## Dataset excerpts
▶

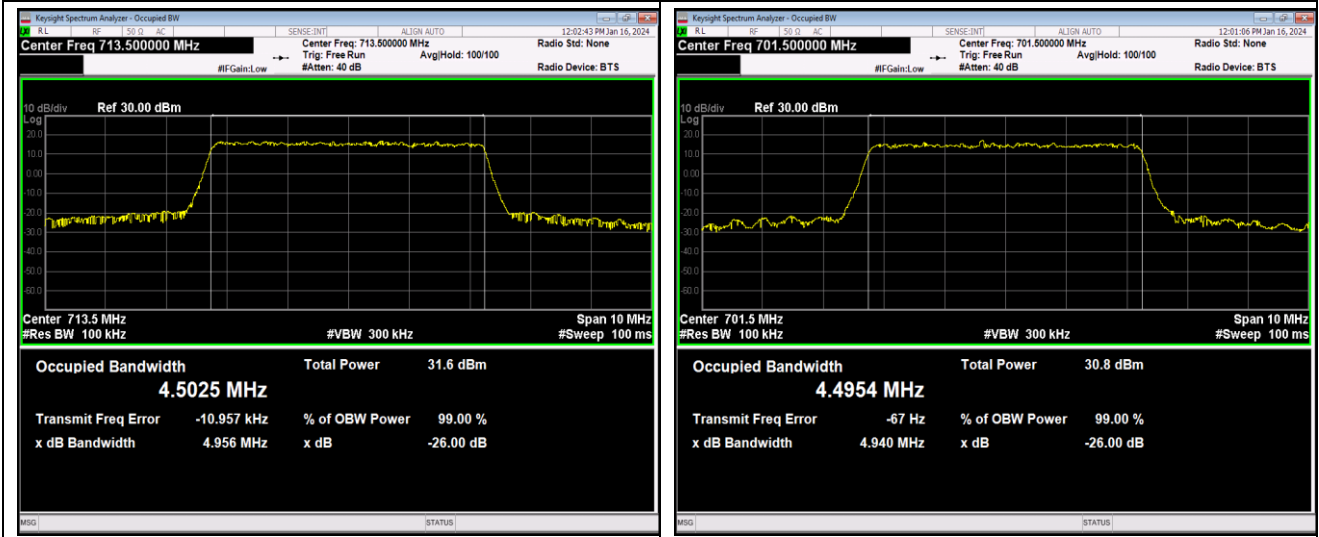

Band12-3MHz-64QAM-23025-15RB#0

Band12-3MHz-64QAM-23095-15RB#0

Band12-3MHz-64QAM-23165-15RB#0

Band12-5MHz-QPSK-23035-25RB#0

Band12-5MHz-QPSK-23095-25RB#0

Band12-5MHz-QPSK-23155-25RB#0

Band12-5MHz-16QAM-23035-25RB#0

◀
▶

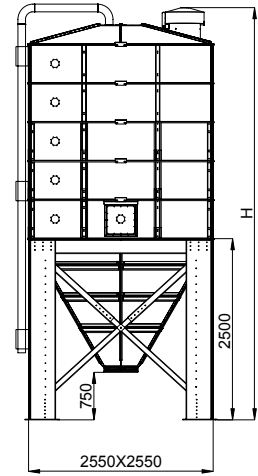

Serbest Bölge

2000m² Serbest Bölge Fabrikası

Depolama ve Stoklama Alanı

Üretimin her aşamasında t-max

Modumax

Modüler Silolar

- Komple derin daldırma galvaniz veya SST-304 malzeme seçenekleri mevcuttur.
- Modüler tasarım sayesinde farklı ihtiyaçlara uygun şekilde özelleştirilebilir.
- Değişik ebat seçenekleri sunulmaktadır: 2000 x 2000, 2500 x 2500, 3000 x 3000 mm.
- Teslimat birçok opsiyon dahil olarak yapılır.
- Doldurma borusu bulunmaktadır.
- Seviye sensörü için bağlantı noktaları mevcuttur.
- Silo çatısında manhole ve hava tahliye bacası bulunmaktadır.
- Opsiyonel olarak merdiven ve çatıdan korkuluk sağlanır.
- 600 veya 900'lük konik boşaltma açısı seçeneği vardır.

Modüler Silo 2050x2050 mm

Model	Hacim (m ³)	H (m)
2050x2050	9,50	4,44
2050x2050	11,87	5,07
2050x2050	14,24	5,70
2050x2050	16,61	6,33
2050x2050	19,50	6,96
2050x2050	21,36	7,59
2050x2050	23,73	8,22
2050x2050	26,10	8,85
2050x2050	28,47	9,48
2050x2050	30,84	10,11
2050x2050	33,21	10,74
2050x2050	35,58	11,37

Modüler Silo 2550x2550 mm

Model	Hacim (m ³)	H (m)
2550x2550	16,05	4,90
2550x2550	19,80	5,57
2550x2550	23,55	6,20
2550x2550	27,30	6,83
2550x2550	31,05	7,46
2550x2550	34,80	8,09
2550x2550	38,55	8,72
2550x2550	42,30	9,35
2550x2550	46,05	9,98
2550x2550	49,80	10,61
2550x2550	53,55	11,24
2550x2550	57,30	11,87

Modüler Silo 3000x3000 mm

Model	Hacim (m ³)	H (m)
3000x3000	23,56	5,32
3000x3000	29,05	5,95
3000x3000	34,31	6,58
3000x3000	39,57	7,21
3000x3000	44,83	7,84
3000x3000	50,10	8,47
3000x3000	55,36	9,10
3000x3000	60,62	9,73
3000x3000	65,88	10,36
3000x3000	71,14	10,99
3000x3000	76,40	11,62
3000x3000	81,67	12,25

◀

## Your objective
What lines in the records above include the string "QPSK"? Copy each one.

## Answer box
Band12-5MHz-QPSK-23035-25RB#0
Band12-5MHz-QPSK-23095-25RB#0
Band12-5MHz-QPSK-23155-25RB#0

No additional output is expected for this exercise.